Today i Got the e-gpu and I did a few test with it.
1 - It's not easy to install all needed drivers
2 - It's not easy to understand the 2 drivers method
3 - it's false that the d-gpu is faster
I explain myself, first of all you have to unistall the lastest thunderbolt 3 drivers and install the one with version 16.2. If you don't do this, the updates for, in my case, gigabyte gaming box, won't install. So, first, unistall thunderbolt 3 software and install that version.
The problems come when you connect the thunderbolt 3 to PC, if you get unlucky you will see a blue screen of windows, the big problem is that the driver for nvidia you installed for 1070 Maxq is not the same of the e-gpu will use, in other words, you need 2 drivers installed on your system, one for 1070 maxq and another one for e-gpu.

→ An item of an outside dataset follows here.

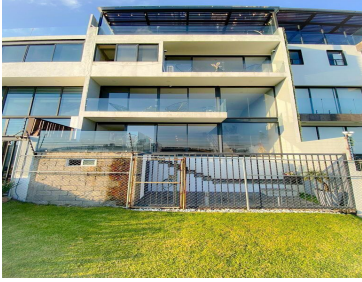

www.pinmx.com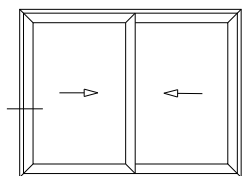

A 40 COMPACT

If you install 2 different nvidia drivers for every card... blue screen.
Shutdown pc, plug the tb3 and start windows, update driver, restart...
Once you get 2 same drivers for dgpu and egpu, NOW you can rest, 1070 will be "inactive" and 1080 will be active by default.
Good things about egpu:
1 - If you use external screen, you can use e-gpu and d-gpu at the same time, one in monitor and the other one in laptop, this is ****ing usefull if you, for example, want to play in one screen (using e-gpu) and streaming in the other one (using d-gpu).
2 - the performance of the e-gpu is not SO BAD, I checked a lot of videos on youtube about this, and the real results are not so bad, in my example, I've only lost 14% comparing with 1080 desktop, that is not the 25% or event 40% I saw on youtube.
3 - My test on laptop screen vs external screen are nearly the same, youtube say another 15% but that is not true, in my case, 87 fps on external and 80 internal (less than 10%).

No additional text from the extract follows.